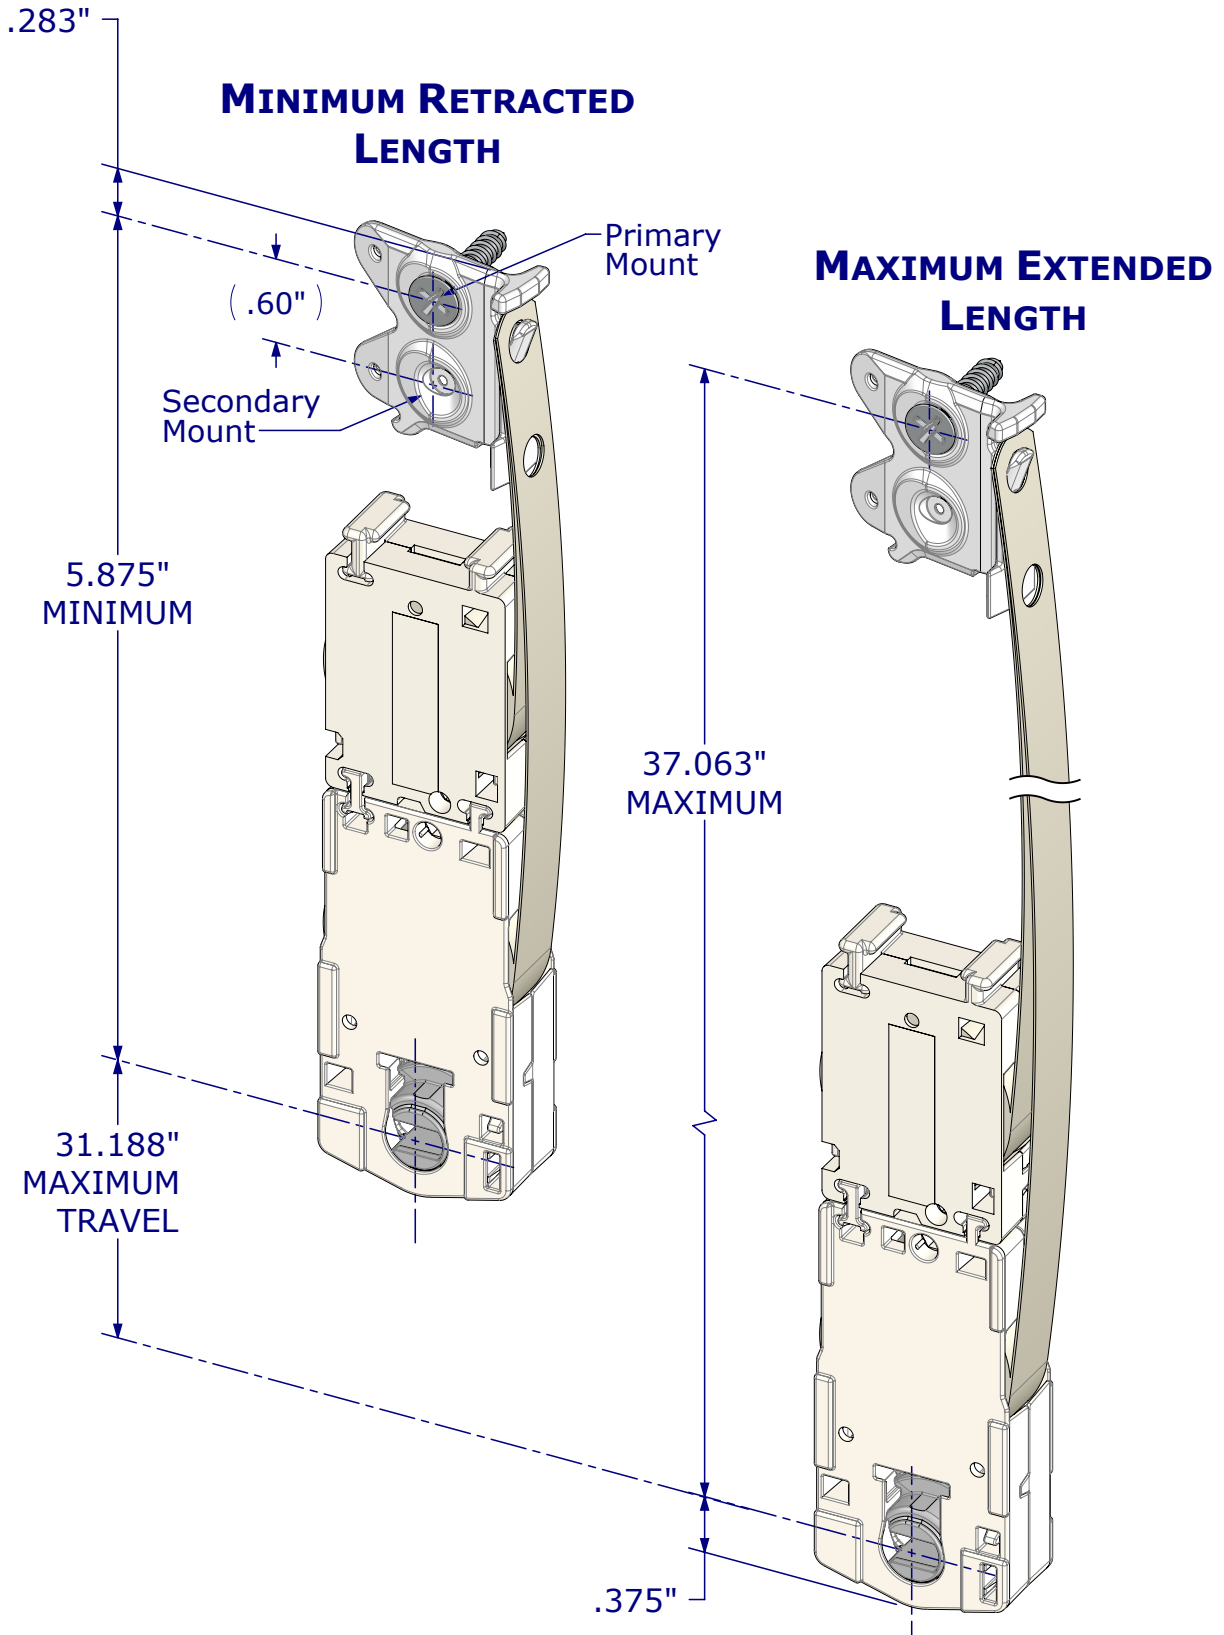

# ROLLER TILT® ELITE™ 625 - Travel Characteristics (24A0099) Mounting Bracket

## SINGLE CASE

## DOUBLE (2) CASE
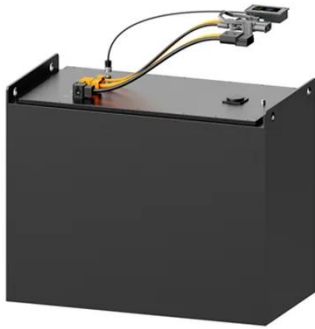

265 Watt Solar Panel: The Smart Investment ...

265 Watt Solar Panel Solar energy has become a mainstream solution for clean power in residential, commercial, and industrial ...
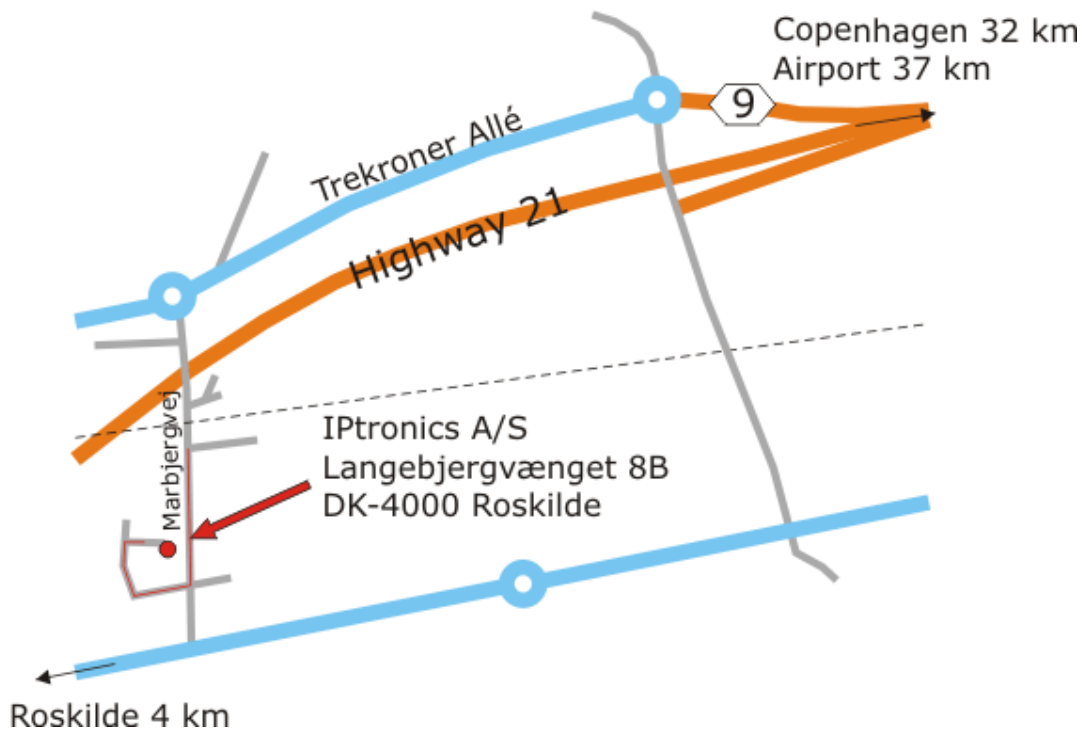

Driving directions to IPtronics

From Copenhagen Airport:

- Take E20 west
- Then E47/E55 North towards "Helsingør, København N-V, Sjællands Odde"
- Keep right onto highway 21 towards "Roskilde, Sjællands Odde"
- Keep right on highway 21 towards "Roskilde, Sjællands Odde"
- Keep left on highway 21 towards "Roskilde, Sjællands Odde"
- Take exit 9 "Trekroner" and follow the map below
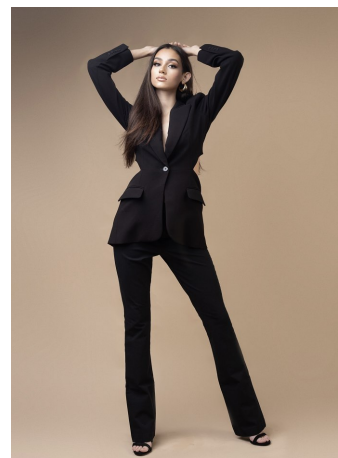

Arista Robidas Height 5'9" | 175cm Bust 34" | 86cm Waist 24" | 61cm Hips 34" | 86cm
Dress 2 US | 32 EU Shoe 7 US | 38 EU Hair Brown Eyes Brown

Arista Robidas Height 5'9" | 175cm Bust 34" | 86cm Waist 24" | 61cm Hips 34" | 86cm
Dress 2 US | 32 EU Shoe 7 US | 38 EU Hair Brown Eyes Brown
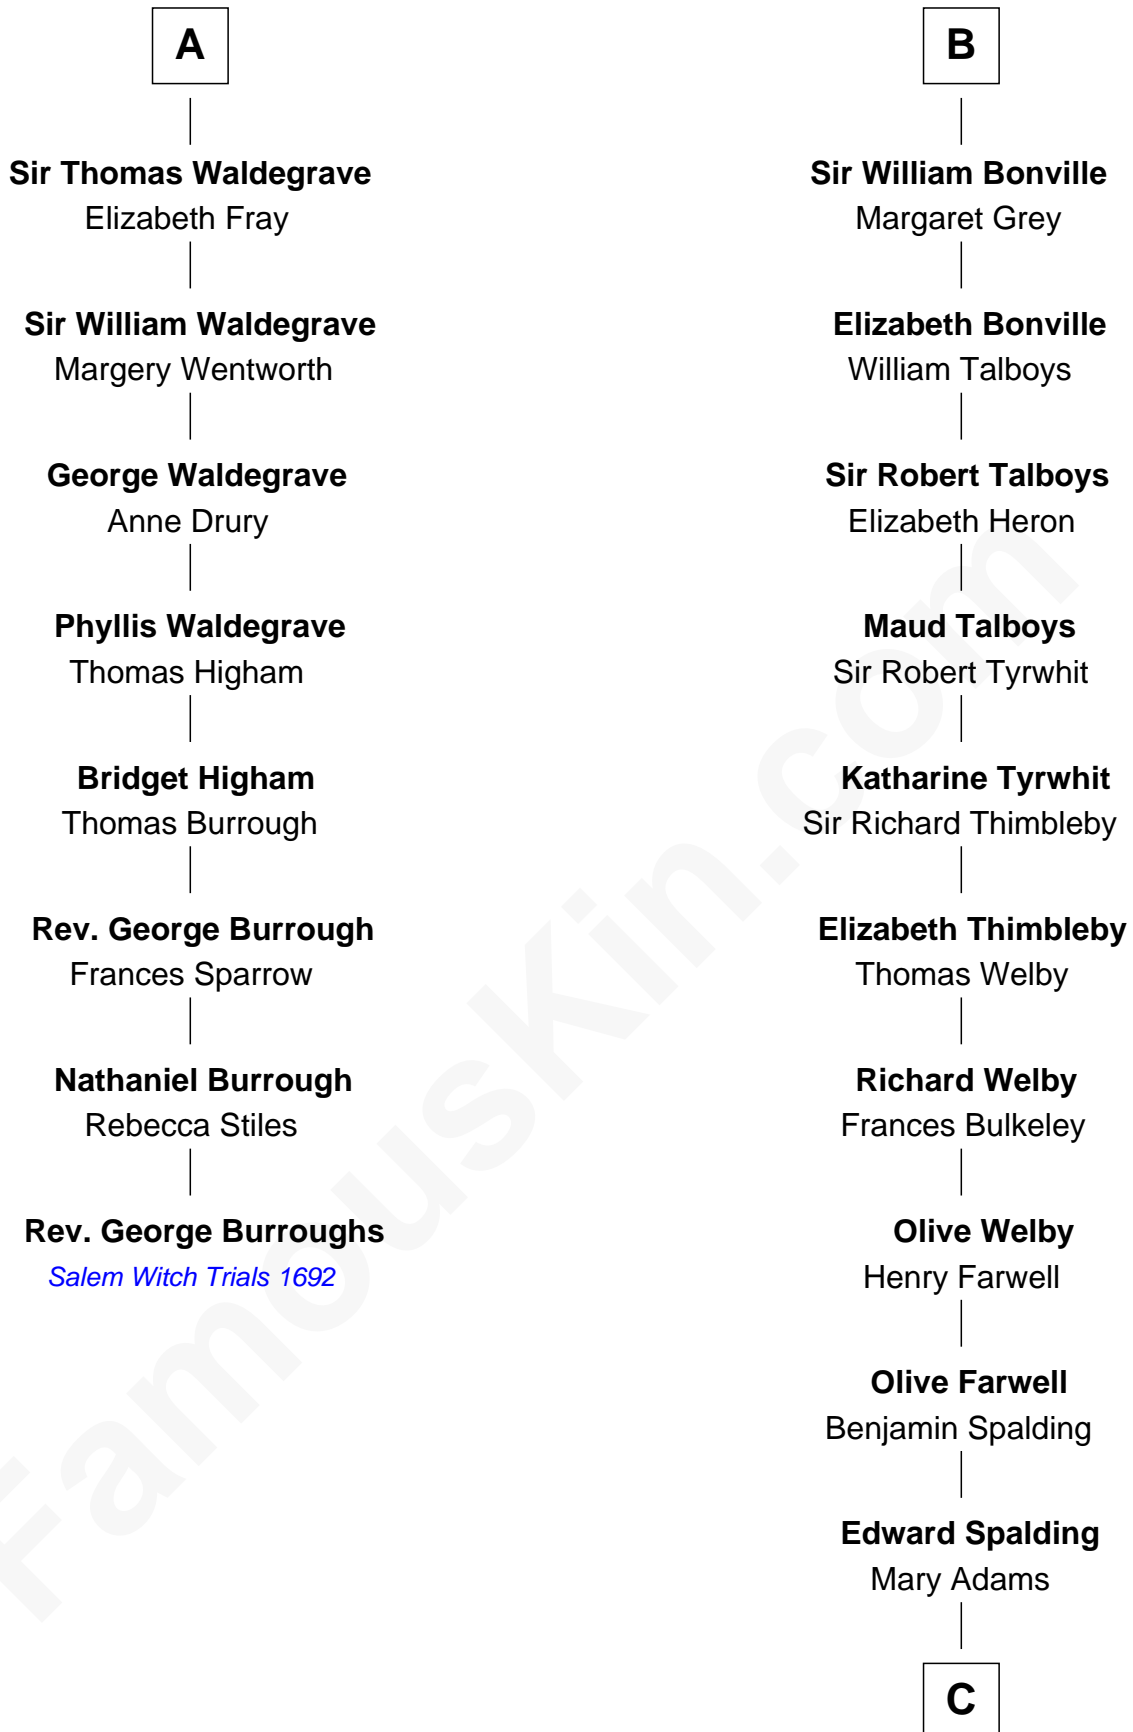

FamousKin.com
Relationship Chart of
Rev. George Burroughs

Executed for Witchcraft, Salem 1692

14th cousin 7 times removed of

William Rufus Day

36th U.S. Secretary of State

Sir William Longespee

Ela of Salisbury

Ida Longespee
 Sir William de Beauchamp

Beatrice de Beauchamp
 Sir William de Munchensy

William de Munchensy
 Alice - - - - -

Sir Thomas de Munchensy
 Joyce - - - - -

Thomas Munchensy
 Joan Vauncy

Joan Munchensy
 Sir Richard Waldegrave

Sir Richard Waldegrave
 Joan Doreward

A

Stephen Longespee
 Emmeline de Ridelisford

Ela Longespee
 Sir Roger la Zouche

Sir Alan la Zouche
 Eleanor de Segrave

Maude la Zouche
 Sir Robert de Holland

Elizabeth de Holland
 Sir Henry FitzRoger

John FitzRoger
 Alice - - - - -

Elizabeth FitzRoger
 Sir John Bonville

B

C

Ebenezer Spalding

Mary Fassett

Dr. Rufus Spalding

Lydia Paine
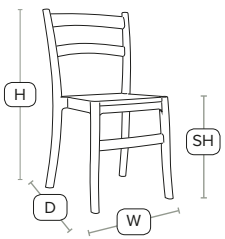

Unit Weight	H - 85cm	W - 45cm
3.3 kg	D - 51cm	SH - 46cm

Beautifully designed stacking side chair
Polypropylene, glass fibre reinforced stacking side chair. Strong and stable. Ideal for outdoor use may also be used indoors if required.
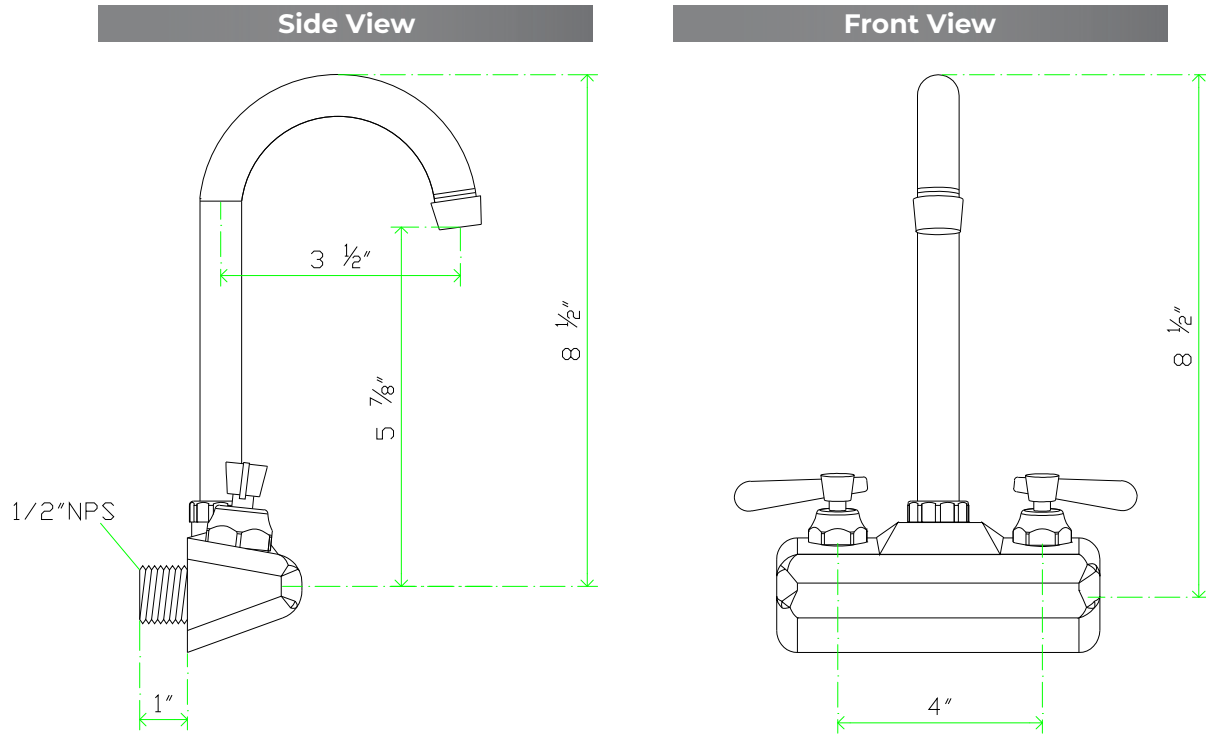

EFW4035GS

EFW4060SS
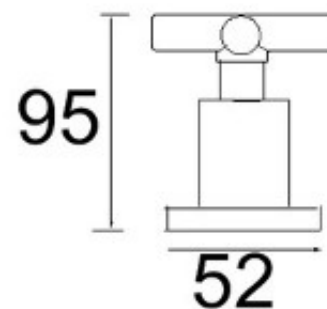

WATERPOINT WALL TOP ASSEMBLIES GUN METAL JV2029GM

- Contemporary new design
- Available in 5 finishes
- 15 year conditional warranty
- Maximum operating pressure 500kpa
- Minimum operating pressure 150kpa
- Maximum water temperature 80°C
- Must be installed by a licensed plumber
+++
## EXERCISE GOAL
Apart from the images, reproduce the listing exactly as it appears.

## FINISHED EXERCISE
# ROLLER TILT® ELITE™ 625 - Travel Characteristics (24A0099) Mounting Bracket

## SINGLE CASE

## DOUBLE (2) CASE

265 Watt Solar Panel: The Smart Investment ...

265 Watt Solar Panel Solar energy has become a mainstream solution for clean power in residential, commercial, and industrial ...

Driving directions to IPtronics

From Copenhagen Airport:

- Take E20 west
- Then E47/E55 North towards "Helsingør, København N-V, Sjællands Odde"
- Keep right onto highway 21 towards "Roskilde, Sjællands Odde"
- Keep right on highway 21 towards "Roskilde, Sjællands Odde"
- Keep left on highway 21 towards "Roskilde, Sjællands Odde"
- Take exit 9 "Trekroner" and follow the map below

Arista Robidas Height 5'9" | 175cm Bust 34" | 86cm Waist 24" | 61cm Hips 34" | 86cm
Dress 2 US | 32 EU Shoe 7 US | 38 EU Hair Brown Eyes Brown

Arista Robidas Height 5'9" | 175cm Bust 34" | 86cm Waist 24" | 61cm Hips 34" | 86cm
Dress 2 US | 32 EU Shoe 7 US | 38 EU Hair Brown Eyes Brown

FamousKin.com
Relationship Chart of
Rev. George Burroughs

Executed for Witchcraft, Salem 1692

14th cousin 7 times removed of

William Rufus Day

36th U.S. Secretary of State

Sir William Longespee

Ela of Salisbury

Ida Longespee
 Sir William de Beauchamp

Beatrice de Beauchamp
 Sir William de Munchensy

William de Munchensy
 Alice - - - - -

Sir Thomas de Munchensy
 Joyce - - - - -

Thomas Munchensy
 Joan Vauncy

Joan Munchensy
 Sir Richard Waldegrave

Sir Richard Waldegrave
 Joan Doreward

A

Stephen Longespee
 Emmeline de Ridelisford

Ela Longespee
 Sir Roger la Zouche

Sir Alan la Zouche
 Eleanor de Segrave

Maude la Zouche
 Sir Robert de Holland

Elizabeth de Holland
 Sir Henry FitzRoger

John FitzRoger
 Alice - - - - -

Elizabeth FitzRoger
 Sir John Bonville

B

C

Ebenezer Spalding

Mary Fassett

Dr. Rufus Spalding

Lydia Paine

Unit Weight	H - 85cm	W - 45cm
3.3 kg	D - 51cm	SH - 46cm

Beautifully designed stacking side chair
Polypropylene, glass fibre reinforced stacking side chair. Strong and stable. Ideal for outdoor use may also be used indoors if required.

EFW4035GS

EFW4060SS

WATERPOINT WALL TOP ASSEMBLIES GUN METAL JV2029GM

- Contemporary new design
- Available in 5 finishes
- 15 year conditional warranty
- Maximum operating pressure 500kpa
- Minimum operating pressure 150kpa
- Maximum water temperature 80°C
- Must be installed by a licensed plumber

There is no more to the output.